Ada tiga fase gerakan menarik, yaitu pre-draw, primary draw dan secondary draw.
Pre-draw adalah gerakan tarikan awal. Pada saat ini sendi bahu, sendi siku dan sendi
pergelangan tangan telah dikunci. Primary-draw atau tarikan utama adalah
gerakan tarikan dari posisi pre-draw sampai tali menyentuh atau menempel dan
sedikit menekan atau mengetat pada bagian dagu, bibir dan hidung dan berakhir
pada posisi penjangkaran. Secondary-draw atau tarikan kedua adalah gerakan
menahan tarikan pada posisi penjangkaran sampai melepas tali (release).

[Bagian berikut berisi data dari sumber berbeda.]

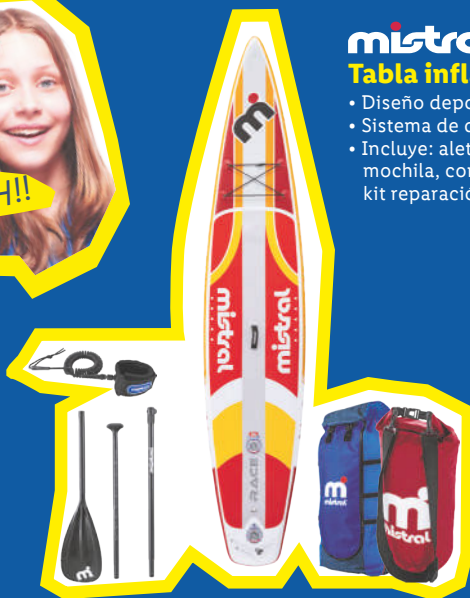

OOOHHH!!

mistral

Tabla inflable de paddle surf race

- Diseño deportivo de perfil fino.
- Sistema de doble cámara.
- Incluye: aleta, remo, bomba, correa, bolsa, mochila, correa hombro, sistema de transporte, kit reparación.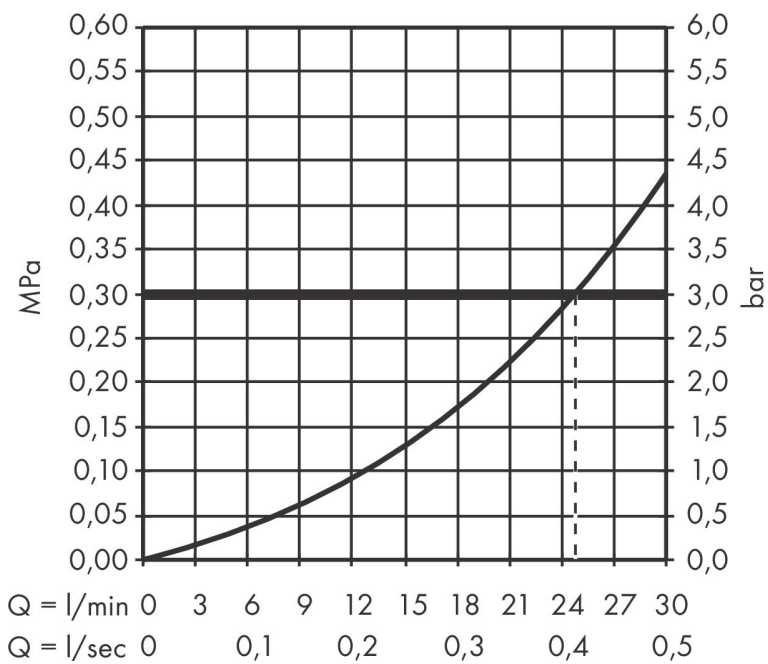

Merk hansgrohe
Artikelnaam **Vivenis** baduitloop
Art.nr. 75410670
Oppervlakte Mat zwart
Netto prijs 201,22 EUR

Stroomschema

De verbruikswaarden werden in overeenstemming met de praktijk met de bijbehorende armaturen (thermostaat/mengkraan/inbouwventiel) gemeten.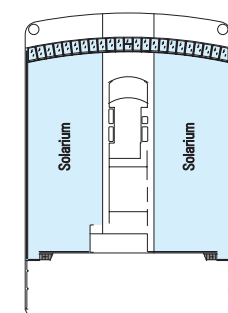

DECK SPORT

DECK CANTATA

KABINENKATEGORIEN

1	Innenkabinen	2 Unterbetten	Decks Grazioso, Forte
2	Innenkabinen	2 Unterbetten	Decks Intermezzo, Minuetto
3	Innenkabinen	2 Unterbetten	Decks Adagio, Virtuoso, Capriccio, Cantata
4	Außenkabinen	2 Unterbetten	Deck Grazioso
5	Außenkabinen	2 Unterbetten	Deck Forte
6	Außenkabinen mit Balkon		Decks Forte, Intermezzo
7	Außenkabinen mit Balkon		Decks Minuetto, Adagio
8	Außenkabinen mit Balkon		Decks Virtuoso, Cantata, Capriccio
9	Außenkabinen mit Balkon		Decks Forte, Intermezzo
10	Außenkabinen mit Balkon		Decks Intermezzo, Minuetto
11	Außenkabinen mit Balkon		Decks Adagio, Virtuoso
12	Suite mit Balkon		Deck Cantata

H: Behindertengerechte Kabine
3. Bett verfügbar in Kat. 1-2-3-4-5-6-9-12
4. Bett verfügbar in Kat. 1-2-3-4-5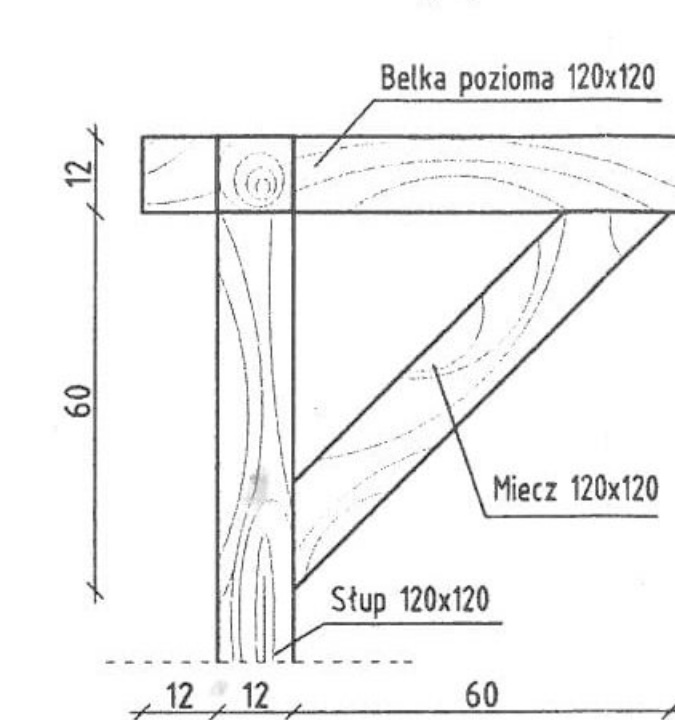

PERGOLA "A" - w konstrukcji drewnianej - drewno sosnowe impregnowane 2x bejca w kolorze wenge

RZUT

skala 1:50

A

skala 1:20

B

skala 1:20

PRZEKRÓJ A-A

C

skala 1:20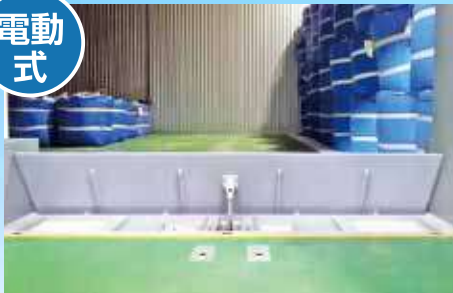

米倉庫必須アイテム“ねずみ返し”

ライスガード

製品
特長

1 出入口からの
ねずみの侵入を防ぐ

2 電動式と
手動式で対応

電動
式

ねずみ返し(開)

手動
式

パネル型(ガイドレール付)

ねずみ返し(閉)

置き型

ライスガードの機能概要

- ◆大型開口部のサイズに合わせて設置することが可能です。
(設置長さをご相談ください)
- ◆ねずみが通り抜けできない隙間で設置することが可能です。

〈電動式の場合〉

- ◆ボタンひとつで簡単に開閉ができるため、常時ねずみの侵入を防ぐことができます。

〈手動式の場合〉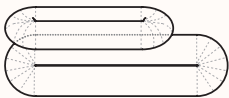

Right Terminal Sofa 305

OW 3050mm
SD 640mm
OD 1220mm
SH 440mm
OH 780mm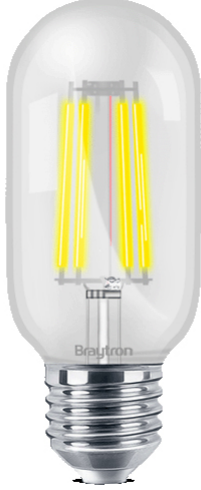

Braytron

TEKNIK VERI SAYFASI

MODEL

BA39-00420

AÇIKLAMA

BRY-ADVANCE-4W-E27-T45-CLR-3000K-LED BULB

BRAYTRON SRL

MUNICIPIUL BUCUREȘTI, SECTOR 6, BLD. IULIU MANIU, NR.616, CORP B, ET.1,BUCUREȘTI, Sector 6(RO)
info@braytron.com
www.braytron.com

Genel Özellikler

Model No	: BA39-00420
Üst Kategori	: Ampuller ve Tüpler
Alt Kategori	: Filament Ampuller
Tür	: T45
Lamba Şekli	: Non-Directional
Kısılabılır	: Not-Dimmable
Işık Kaynağı	: LED
Soket	: E27
Garanti	: 2 Years
Class	: CLASS II
IP	: IP20

Ürün Özellikleri

Watt Gücü	: 4
Renk Sıcaklığı	: 3000K
Quse Lümen	: 470
Renk Geriverim İndeksi (CRI)	: ≥ 80
Enerji Verimlilik Seviyesi	: E
Işın Açısı	: 300°
Eşdeğer	: 40 w

Elektriksel Özellikler

Lifetime	: 15000 h
Voltaj	: 220-240V 50/60Hz
Güç Faktörü	: $>0,5$
Material	: Glass
Çalışma Sıcaklığı	: -20°C ~ +40°C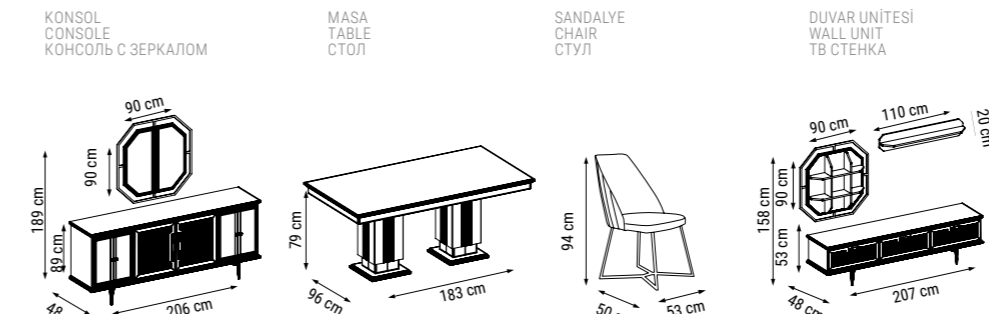

MARMARIS

Yemek Odası / Dining Room / Гостиная

Keskin ve köşeli çizgilerin yansıttığı kararlı duruşuyla güçlü bir tasarım olarak öne çıkan Marmaris Yemek Odası, CNC işlemeli motifleriyle kendine özgü bir doku oluşturuyor. Sekizgen formu aynası ve şık konsoluyla mekânların havasını değiştirmeye geliyor.

Standing out as a strong design with its determined stance reflected by sharp and angular lines, Marmaris Dining Room creates a unique texture with its CNC embroidered motifs. It comes to change the atmosphere of spaces with its octagonal mirror and stylish console.

Гостиный гарнитур Marmaris, отличающаяся сильным дизайном и решительной позицией, отражаемой резкими и угловатыми линиями, создает уникальную текстуру с мотивами, вышитыми на станках с ЧПУ. Он меняет атмосферу помещений своим восьмиугольным зеркалом и стильной консолью.

Duvar Ünitesi / Wall Unit / ТВ стенка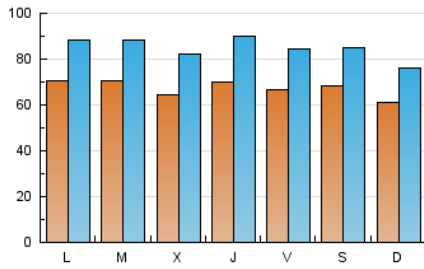

4. Gráficas (Nacional e Internacional)

4.1 Por día de la semana (promedio)

N. únicos / Visitas (x 100)

5. Menjangkarkan Lengan Penarik
(anchoring)
Menjangkarkan lengan penarik
(anchoring), menurut Damiri, “Gerakan menjangkarkan tangan penarik pada bagian
dagu.” Hal yang harus diperhatikan, yaitu tempat penjangkaran tangan penarik
tali harus tetap sama dan kokoh menempel di bawah dagu, dan harus memungkinkan
terlihatnya bayangan tali pada busur (string alignment). Ada dua jenis penjangkaran,
yaitu penjangkaran di tengah dan penjangkaran di samping. Pada penjangkaran di
tengah, tali menyentuh pada bagian tengah dagu, bibir dan hidung serta tangan
penarik menempel di bawah dagu. Pada penjangkaran di samping, tali menyentuh
pada bagian samping dagu, bibir dan hidung, serta tangan penarik menempel di
bawah dagu.
6. Menahan Sikap Panahan (tighten)
Menahan sikap panahan (tighten),
menurut Damiri, adalah: Suatu keadaan menahan sikap panahan beberapa saat,
setelah penjangkaran dan sebelum anak panah dilepas. Pada saat ini otot-otot
lengan penahan busur dan lengan penarik tali harus berkontraksi agar sikap
panahan tidak berubah. Bersamaan dengan itu pemanah melakukan pembidikan. Jadi
pada saat membidik, sikap pemanah harus tetap dipertahankan.
7. Membidik (Aiming)
Membidik (aiming), menurut Damiri:
“Gerakan mengarahkan atau menempelkan titik alat pembidik (visir) pada tengah
sasaran/titik sasaran.” Pada posisi membidik, posisi badan dari pemanah
diharapkan tidak berubah, kemudian pemanah tidak hanya fokus kepada sasaran
tetapi diutamakan pada teknik, dengan kondisi badan yang relaks fokus akan
lebih baik.
8. Melepas Tali/Panah (release)
Melepas tali/panah (release),
menurut Damiri: “Gerakan melepas tali busur, dengan cara merilekskan jari-jari
penarik tali.” Ada dua cara melepaskan anak panah, yaitu dead release dan
active release. Pada dead release setelah tali lepas, tangan penarik tali tetap
menempel pada dagu seperti sebelum tali lepas. Pada active release, setelah
tali lepas tangan penarik tali bergerak ke belakang menelusuri dagu dan leher
pemanah.
Pelepasan anak panah yang baik
diperlukan untuk memberikan kekuatan penuh dari tali terhadap panah dalam
setiap melepaskan panah yang diinginkan dan untuk mencegah getaran tali yang
tidak diperlukan, yang akan menyebabkan panah berputar. Kesalahan sedikit
apapun pada saat melepaskan anak panah, mengakibatkan dampak yang sangat besar
terhadap sasaran.
9. Menahan Sikap Panahan (after
hold)
Menahan sikap panahan (after hold),
menurut Damiri, “Suatu tindakan untuk mempertahankan sikap panahan sesaat
(beberapa detik) setelah anak panah meninggalkan busur. Tindakan ini
dimaksudkan untuk memudahkan pengontrolan gerak panahan yang dilakukan.”